Data provided
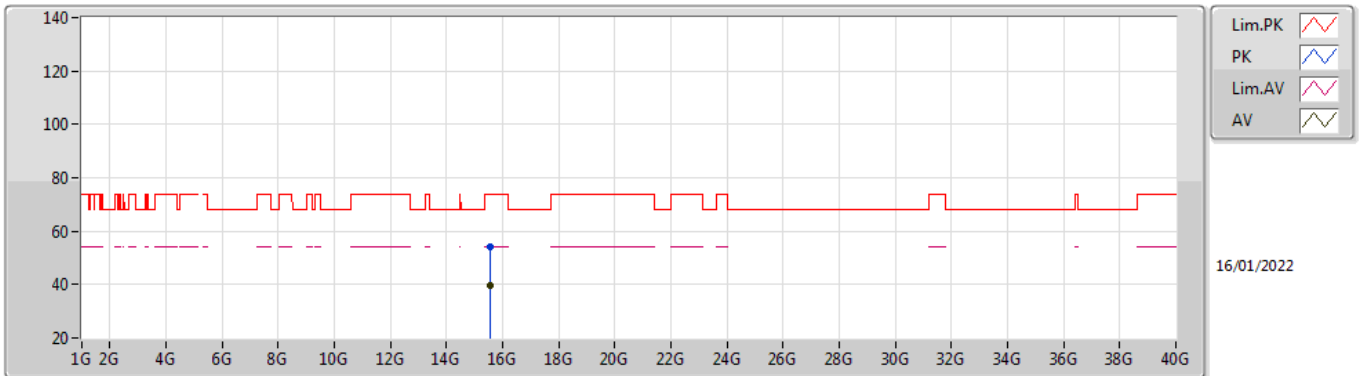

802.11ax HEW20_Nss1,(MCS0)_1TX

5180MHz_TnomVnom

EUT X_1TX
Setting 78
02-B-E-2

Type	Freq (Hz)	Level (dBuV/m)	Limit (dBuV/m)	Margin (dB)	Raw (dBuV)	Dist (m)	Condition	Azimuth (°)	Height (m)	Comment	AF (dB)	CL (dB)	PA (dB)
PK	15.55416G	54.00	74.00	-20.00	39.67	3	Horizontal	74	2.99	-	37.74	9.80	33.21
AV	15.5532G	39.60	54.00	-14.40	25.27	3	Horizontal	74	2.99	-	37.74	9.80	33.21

...

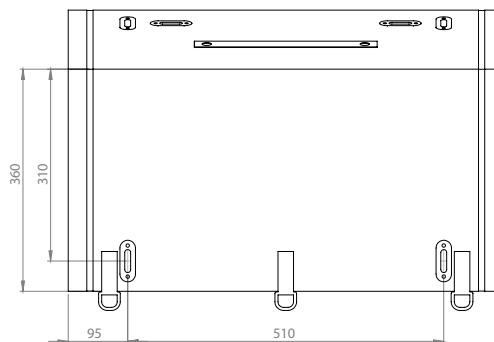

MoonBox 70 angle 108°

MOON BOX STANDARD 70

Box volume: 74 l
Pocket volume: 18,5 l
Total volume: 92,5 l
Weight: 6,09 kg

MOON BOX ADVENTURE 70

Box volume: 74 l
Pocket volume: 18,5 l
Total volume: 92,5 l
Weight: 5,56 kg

Work request
Search the entries above for lines containing the word "Horizontal", and copy each one.

Reply to the exercise
PK	15.55416G	54.00	74.00	-20.00	39.67	3	Horizontal	74	2.99	-	37.74	9.80	33.21
AV	15.5532G	39.60	54.00	-14.40	25.27	3	Horizontal	74	2.99	-	37.74	9.80	33.21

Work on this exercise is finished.